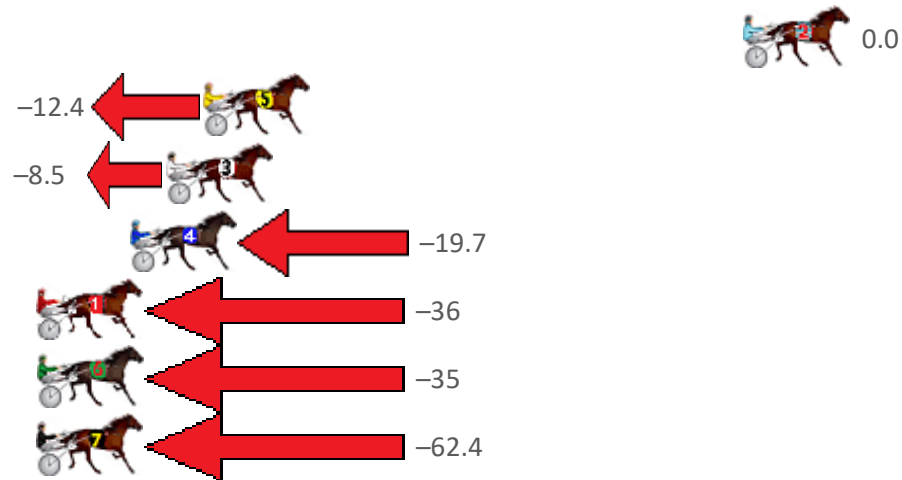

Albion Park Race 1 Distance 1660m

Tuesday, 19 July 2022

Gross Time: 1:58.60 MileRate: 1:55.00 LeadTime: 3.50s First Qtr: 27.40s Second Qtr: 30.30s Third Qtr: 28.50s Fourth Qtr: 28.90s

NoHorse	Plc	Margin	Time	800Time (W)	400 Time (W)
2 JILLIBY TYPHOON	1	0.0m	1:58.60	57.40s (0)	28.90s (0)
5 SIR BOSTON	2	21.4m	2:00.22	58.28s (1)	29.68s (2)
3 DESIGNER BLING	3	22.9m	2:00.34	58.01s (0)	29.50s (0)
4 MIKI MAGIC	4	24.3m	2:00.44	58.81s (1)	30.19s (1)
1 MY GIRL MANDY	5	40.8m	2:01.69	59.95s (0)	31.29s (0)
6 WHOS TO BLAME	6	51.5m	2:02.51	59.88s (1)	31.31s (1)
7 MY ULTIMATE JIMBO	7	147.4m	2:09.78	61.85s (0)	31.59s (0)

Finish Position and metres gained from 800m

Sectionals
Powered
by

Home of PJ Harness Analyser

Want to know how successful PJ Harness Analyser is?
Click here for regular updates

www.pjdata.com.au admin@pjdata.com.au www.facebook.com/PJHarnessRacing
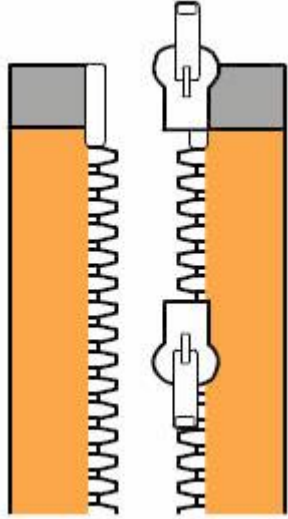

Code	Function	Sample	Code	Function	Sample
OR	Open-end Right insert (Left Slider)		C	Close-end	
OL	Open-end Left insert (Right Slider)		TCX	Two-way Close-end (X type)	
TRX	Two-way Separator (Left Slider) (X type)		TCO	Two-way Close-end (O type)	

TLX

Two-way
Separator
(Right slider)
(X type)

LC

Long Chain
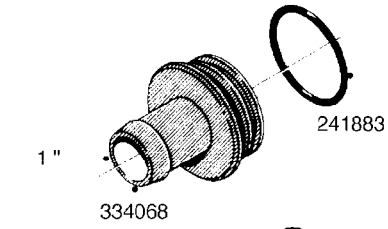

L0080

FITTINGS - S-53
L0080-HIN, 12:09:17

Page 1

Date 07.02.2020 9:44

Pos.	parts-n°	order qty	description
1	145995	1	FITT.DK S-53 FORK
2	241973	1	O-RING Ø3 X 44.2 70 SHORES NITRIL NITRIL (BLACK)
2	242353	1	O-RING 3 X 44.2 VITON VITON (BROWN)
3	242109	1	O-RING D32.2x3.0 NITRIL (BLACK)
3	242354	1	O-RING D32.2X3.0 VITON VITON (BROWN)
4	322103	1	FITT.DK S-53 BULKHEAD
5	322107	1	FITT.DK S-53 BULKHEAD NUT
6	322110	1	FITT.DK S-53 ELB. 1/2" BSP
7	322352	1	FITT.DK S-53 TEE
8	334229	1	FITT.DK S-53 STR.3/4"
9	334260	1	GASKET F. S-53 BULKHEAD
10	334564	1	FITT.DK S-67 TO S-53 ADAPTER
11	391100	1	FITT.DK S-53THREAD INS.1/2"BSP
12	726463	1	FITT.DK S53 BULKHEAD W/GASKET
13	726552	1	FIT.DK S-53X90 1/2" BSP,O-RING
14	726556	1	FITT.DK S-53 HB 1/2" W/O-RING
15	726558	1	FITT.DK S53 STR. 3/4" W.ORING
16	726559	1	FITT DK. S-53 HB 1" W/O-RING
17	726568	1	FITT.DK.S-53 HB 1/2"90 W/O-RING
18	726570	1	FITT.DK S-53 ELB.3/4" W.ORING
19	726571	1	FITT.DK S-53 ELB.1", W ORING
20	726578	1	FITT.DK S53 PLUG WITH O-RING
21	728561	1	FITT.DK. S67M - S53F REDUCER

WHAT YOU HAVE TO DO
Which lines in the material contain the word "ORING"? Pull each of them out.

OUTPUT OF THE TASK
15	726558	1	FITT.DK S53 STR. 3/4" W.ORING
18	726570	1	FITT.DK S-53 ELB.3/4" W.ORING
19	726571	1	FITT.DK S-53 ELB.1", W ORING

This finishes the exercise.